Tuesday, September 2, 2008

Savant Jacket Covers

This morning after spending a few hours outside burning brush and watching the sky. I had some ideas for a jacket cover.



In this blog, I am only posting the ones I really liked since it would take too long to put all of them here. You can view the rest on myspace, just click on the link and go to the photo albums.



I started having images of what the cover could look like and at the first little drop of rain, I was inside, got a shower, (discovered poison ivy on my elbow, yea for me!) ate lunch and then began creating. I'm pretty impressed with what I came up with. I only scrapped one drawing. Hummm...I wonder.....maybe I need grapic design software for christmas? I don't know, it's the first time I've really played around with the default paint software. It's very basic designing but I sure had fun with it. I thought about having someone do the cover, but I don't think that will be necessary.

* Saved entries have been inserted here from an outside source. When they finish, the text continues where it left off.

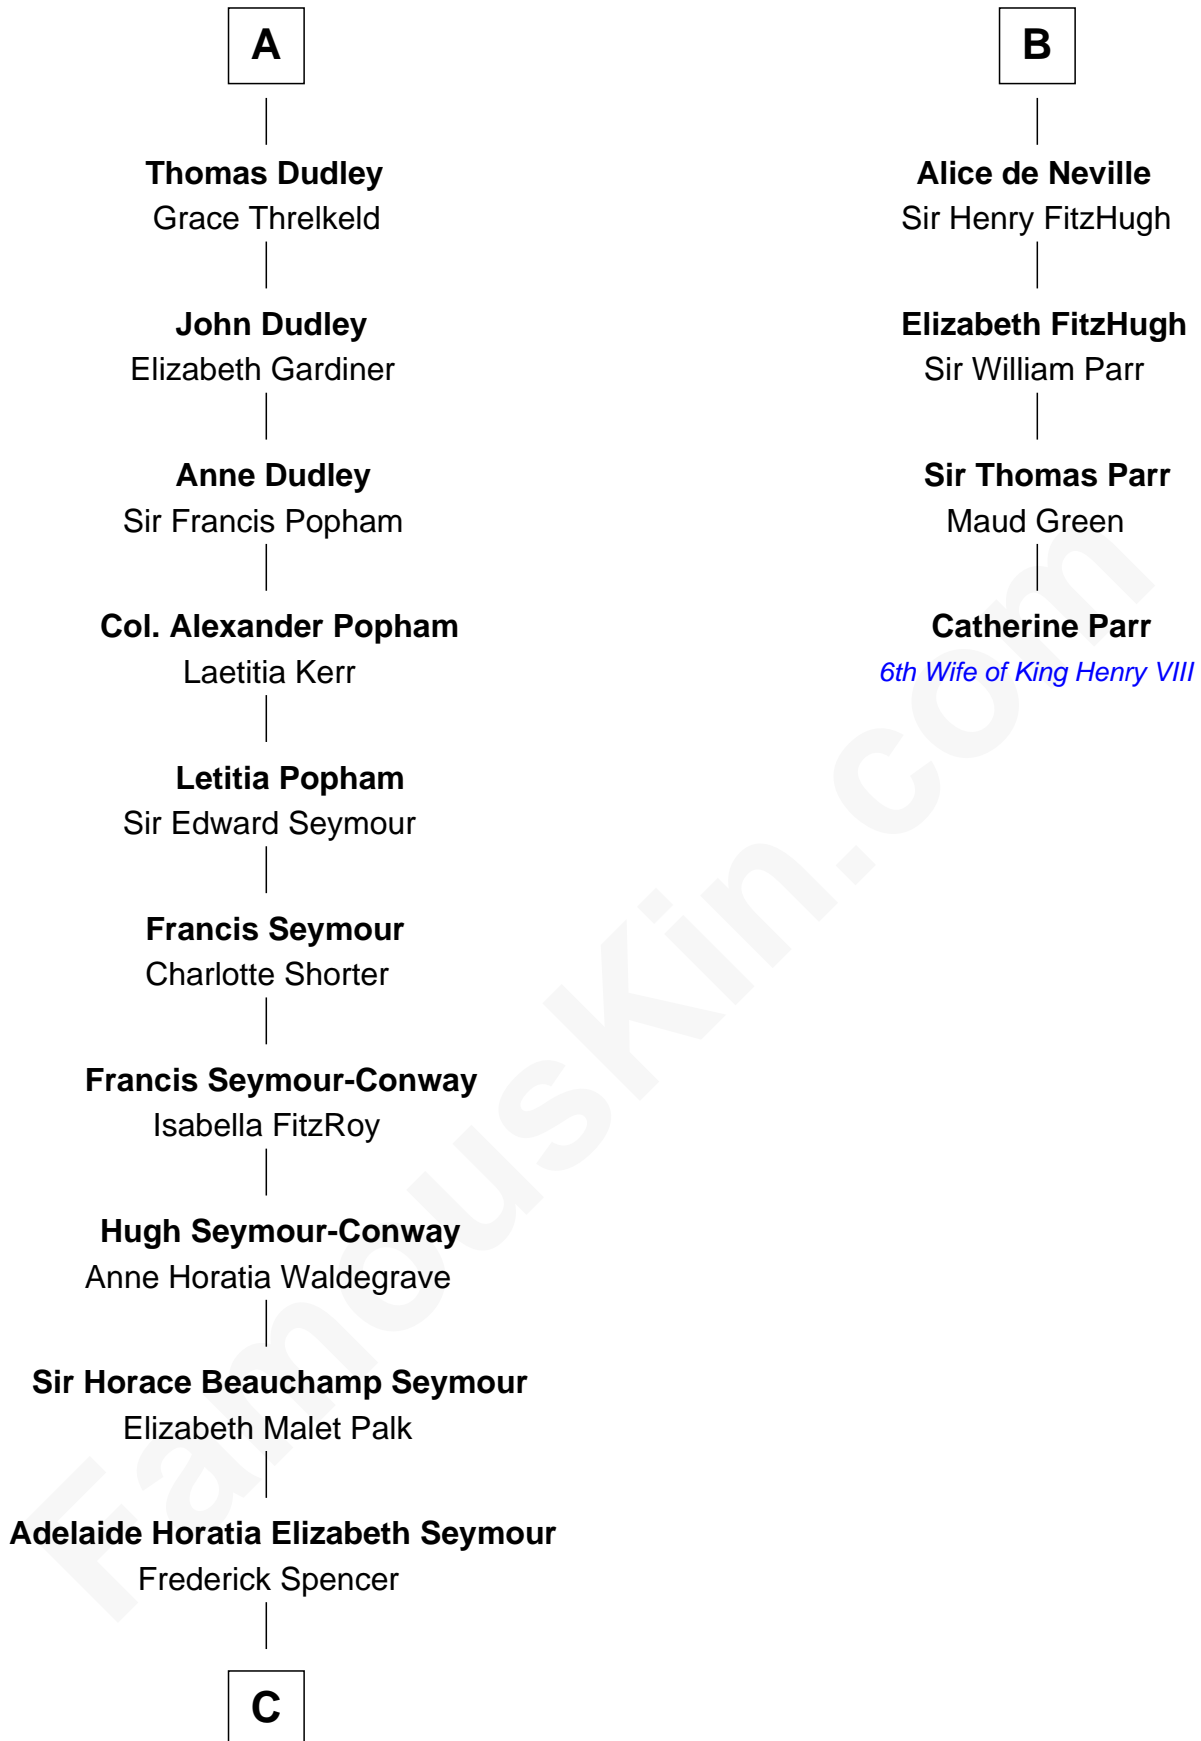

# FamousKin.com Relationship Chart of

**Princess Diana**

*Princess of Wales*

10th cousin 10 times removed of

**Catherine Parr**

*6th Wife of King Henry VIII*

**Sir Roger de Quincy**

Helen of Galloway

**Sir John Berkeley**

Elizabeth Betteshorne

**Elizabeth Berkeley**

Sir John Sutton

**Sir Edmund Sutton**

Matilda Clifford

**A**

**Ellen de Quincy**

Maude de Percy

**Sir Ralph Neville**

Joan Beaufort

**Sir Richard Neville**

Alice Montagu

**B**

**C**

—  
**Charles Robert Spencer**

I wonder if I haven't stumbled upon something I didn't know I could do? Huh. Here is another excerpt from Savant......
At the end of the excerpt are the covers. Leave a comment if you feel compelled to do so.




It started a year ago, when FBI Agent Gibbons died by the hands of what the media was now calling the Tic Tac Toe serial killer, while on an undercover assignment. His body was found in a trash bin behind a seedy bar in Nashville, Tennessee with the letter “x” carved into his back, and a blood smeared note nailed into the back of his head. His wallet and its contents intact, his watch still on his wrist. With robbery ruled out, motive speculations became clouded and fuzzy. No witnesses, or clues; nothing. It was like that with each case so far. Trent needed Tic Tac Toe to slip up, like someone surviving an attack, have close call victim or laccidentlly leave DNA. Something.
Trent desperately needed a solid lead. He guessed poor Ester Varner, the woman lying face down in her own blood, wouldn’t yield much information either. Maybe when he got a chance to talk to the first officer on the scene something might come to light. Trent’s doubts engulfed him like a dark shroud.
It bothered him that he did not pick up even a slight twinge from the killer, no vague images, or a mental nudge. He had no other explanation for it. He could go to any crime scene and touch the victim or an object nearby and get fuzzy mental pictures, distorted impressions or flashes of the incident. He prided himself on his ability to sniff out the bad guys with his keen sixth sense, a secret nobody knew about, not his family or his boss.
But, with this guy, not a damn thing. That bothered Trent more than anything else. He had to catch this monster and soon.
He stared out into the small knit cluster of onlookers. It amazed him how macabre curiosity could be as he watched emergency lights play across women in curlers and robes hugged tight across their bodies. Their eyes full of concern and questions on their lips. Some of the men gathered in small groups, hands in their pockets, nodding their heads every now and then toward their dead neighbor’s home. Reporters strained against the yellow crime scene tape wanting answers. No matter the incident, the lookie-loos were there, speculating on what happened. The people next door thought she was in Florida, not on the floor of her living room starting to rot.